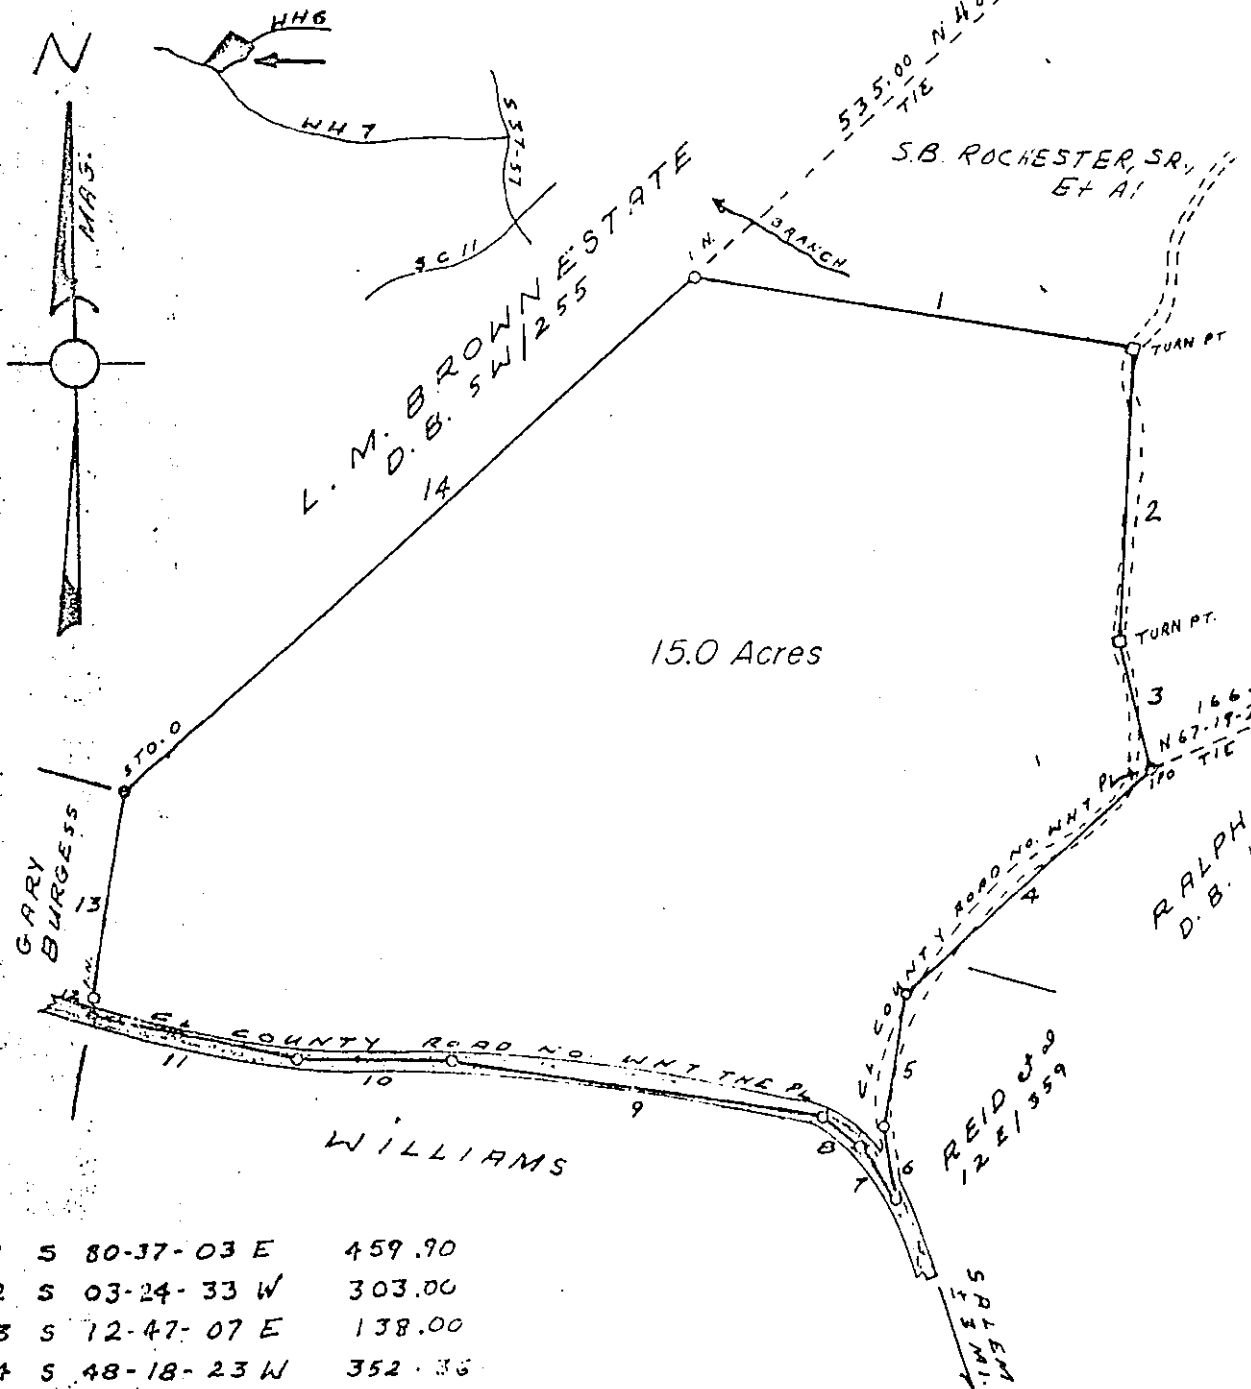

LOCATION MAP

15.0 Acres

1	S 80-37-03 E	459.90
2	S 03-24-33 W	303.00
3	S 12-47-07 E	138.00
4	S 48-18-23 W	352.36
5	S 10-39-23 W	137.37
6	S 07-38-37 E	77.73
7	N 32-59-30 W	67.21
8	N 52-02-00 W	49.76
9	N 81-19-07 W	393.42
10	N 87-53-36 W	159.30
11	N 77-48-13 W	216.54
12	N 09-47-34 E	20.12
13	N 09-47-34 E	213.66
14	N 48-52-07 E	807.35

PROPERTY OF
 S. B. ROCHESTER Sr, Et Al
 WHITEWATER TOWNSHIP
 OCONEE COUNTY
 SOUTH CAROLINA
 REF. PLAT P. B. I / 229
 DEED D. B. 10Y / 105, 9M / 119
 TAX MAP # 53-00-01-003

########################################

→ Task prompt:
Transcribe every record above exactly, leaving out the pictures.

→ Output for this exercise:
LOCATION MAP

15.0 Acres

1	S 80-37-03 E	459.90
2	S 03-24-33 W	303.00
3	S 12-47-07 E	138.00
4	S 48-18-23 W	352.36
5	S 10-39-23 W	137.37
6	S 07-38-37 E	77.73
7	N 32-59-30 W	67.21
8	N 52-02-00 W	49.76
9	N 81-19-07 W	393.42
10	N 87-53-36 W	159.30
11	N 77-48-13 W	216.54
12	N 09-47-34 E	20.12
13	N 09-47-34 E	213.66
14	N 48-52-07 E	807.35

PROPERTY OF
 S. B. ROCHESTER Sr, Et Al
 WHITEWATER TOWNSHIP
 OCONEE COUNTY
 SOUTH CAROLINA
 REF. PLAT P. B. I / 229
 DEED D. B. 10Y / 105, 9M / 119
 TAX MAP # 53-00-01-003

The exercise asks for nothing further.